**EXERCISE REQUIREMENTS:** Print the lines in the listing below that fall between the line with "External elbow 90°" and the line with "-20°C; Max: +105°C", those two lines included, exactly as they stand and with nothing else.

[[ DATASET ENTRIES, beginning ]]

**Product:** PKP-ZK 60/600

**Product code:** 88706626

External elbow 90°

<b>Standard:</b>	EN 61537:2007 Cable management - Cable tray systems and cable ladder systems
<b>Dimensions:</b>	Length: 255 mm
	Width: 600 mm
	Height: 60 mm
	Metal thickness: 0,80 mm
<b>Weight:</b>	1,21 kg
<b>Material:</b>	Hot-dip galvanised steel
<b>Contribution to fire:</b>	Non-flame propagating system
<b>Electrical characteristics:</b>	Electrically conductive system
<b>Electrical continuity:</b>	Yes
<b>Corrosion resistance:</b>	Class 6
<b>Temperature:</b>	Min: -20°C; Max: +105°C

[[ DATASET ENTRIES, end ]]
[[ DATASET ENTRIES, beginning ]]

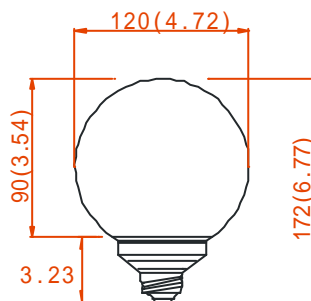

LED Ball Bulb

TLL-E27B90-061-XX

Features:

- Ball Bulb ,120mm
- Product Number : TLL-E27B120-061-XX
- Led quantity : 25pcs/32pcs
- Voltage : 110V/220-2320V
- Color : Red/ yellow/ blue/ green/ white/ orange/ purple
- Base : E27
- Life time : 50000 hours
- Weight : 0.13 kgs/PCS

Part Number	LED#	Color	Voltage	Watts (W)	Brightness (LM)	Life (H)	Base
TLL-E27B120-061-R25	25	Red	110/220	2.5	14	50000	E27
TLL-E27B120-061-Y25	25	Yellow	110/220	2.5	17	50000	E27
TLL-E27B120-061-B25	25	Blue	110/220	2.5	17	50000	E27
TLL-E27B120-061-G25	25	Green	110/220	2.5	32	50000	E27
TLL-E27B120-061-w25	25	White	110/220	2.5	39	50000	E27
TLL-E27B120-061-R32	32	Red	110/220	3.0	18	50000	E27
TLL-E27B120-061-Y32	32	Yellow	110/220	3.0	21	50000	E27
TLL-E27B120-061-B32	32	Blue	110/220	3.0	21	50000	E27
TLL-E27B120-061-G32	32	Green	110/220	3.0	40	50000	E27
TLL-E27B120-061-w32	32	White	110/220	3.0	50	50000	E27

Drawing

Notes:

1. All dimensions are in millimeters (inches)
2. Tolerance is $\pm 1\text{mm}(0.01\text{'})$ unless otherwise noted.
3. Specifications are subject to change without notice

[[ DATASET ENTRIES, end ]]

**SOLUTION TO THE PROBLEM:**
External elbow 90°

<b>Standard:</b>	EN 61537:2007 Cable management - Cable tray systems and cable ladder systems
<b>Dimensions:</b>	Length: 255 mm
	Width: 600 mm
	Height: 60 mm
	Metal thickness: 0,80 mm
<b>Weight:</b>	1,21 kg
<b>Material:</b>	Hot-dip galvanised steel
<b>Contribution to fire:</b>	Non-flame propagating system
<b>Electrical characteristics:</b>	Electrically conductive system
<b>Electrical continuity:</b>	Yes
<b>Corrosion resistance:</b>	Class 6
<b>Temperature:</b>	Min: -20°C; Max: +105°C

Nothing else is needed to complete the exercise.